■ **Assigned task**
Your task is to print all of the data below exactly, with no pictures included.

[Start of Attachment]

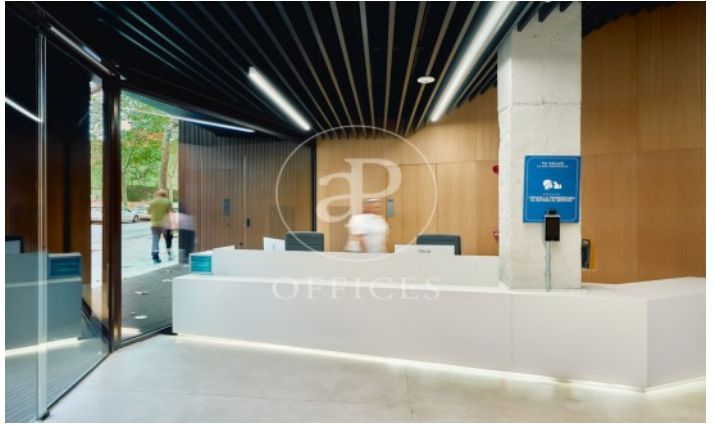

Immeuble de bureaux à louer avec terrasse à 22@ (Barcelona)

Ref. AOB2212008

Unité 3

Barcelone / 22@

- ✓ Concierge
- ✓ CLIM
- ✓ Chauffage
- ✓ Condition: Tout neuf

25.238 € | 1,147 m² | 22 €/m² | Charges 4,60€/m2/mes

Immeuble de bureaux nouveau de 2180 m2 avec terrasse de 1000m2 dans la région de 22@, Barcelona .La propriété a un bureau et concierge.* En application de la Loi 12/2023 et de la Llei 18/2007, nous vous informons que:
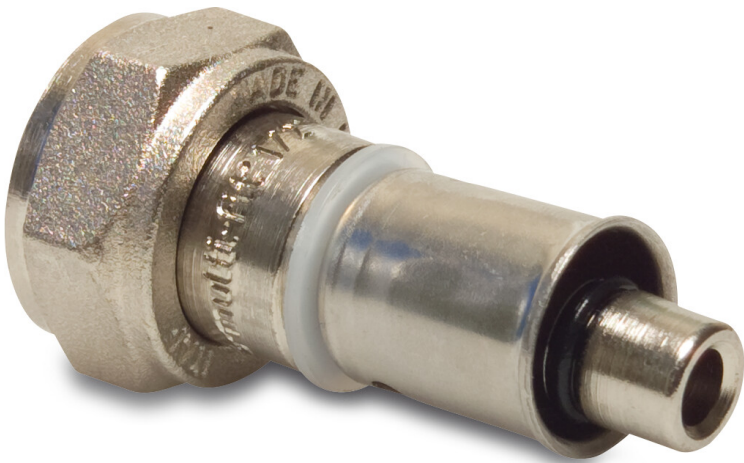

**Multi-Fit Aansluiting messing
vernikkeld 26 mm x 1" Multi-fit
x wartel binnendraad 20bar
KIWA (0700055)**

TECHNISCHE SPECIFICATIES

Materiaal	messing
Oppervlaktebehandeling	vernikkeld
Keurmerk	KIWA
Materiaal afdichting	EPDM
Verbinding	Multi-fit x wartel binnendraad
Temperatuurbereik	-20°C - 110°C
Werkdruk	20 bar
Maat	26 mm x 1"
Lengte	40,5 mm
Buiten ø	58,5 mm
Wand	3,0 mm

[End of Attachment]

■ **Output for this task**
Immeuble de bureaux à louer avec terrasse à 22@ (Barcelona)

Ref. AOB2212008

Unité 3

Barcelone / 22@

- ✓ Concierge
- ✓ CLIM
- ✓ Chauffage
- ✓ Condition: Tout neuf

25.238 € | 1,147 m² | 22 €/m² | Charges 4,60€/m2/mes

Immeuble de bureaux nouveau de 2180 m2 avec terrasse de 1000m2 dans la région de 22@, Barcelona .La propriété a un bureau et concierge.* En application de la Loi 12/2023 et de la Llei 18/2007, nous vous informons que:

**Multi-Fit Aansluiting messing
vernikkeld 26 mm x 1" Multi-fit
x wartel binnendraad 20bar
KIWA (0700055)**

TECHNISCHE SPECIFICATIES

Materiaal	messing
Oppervlaktebehandeling	vernikkeld
Keurmerk	KIWA
Materiaal afdichting	EPDM
Verbinding	Multi-fit x wartel binnendraad
Temperatuurbereik	-20°C - 110°C
Werkdruk	20 bar
Maat	26 mm x 1"
Lengte	40,5 mm
Buiten ø	58,5 mm
Wand	3,0 mm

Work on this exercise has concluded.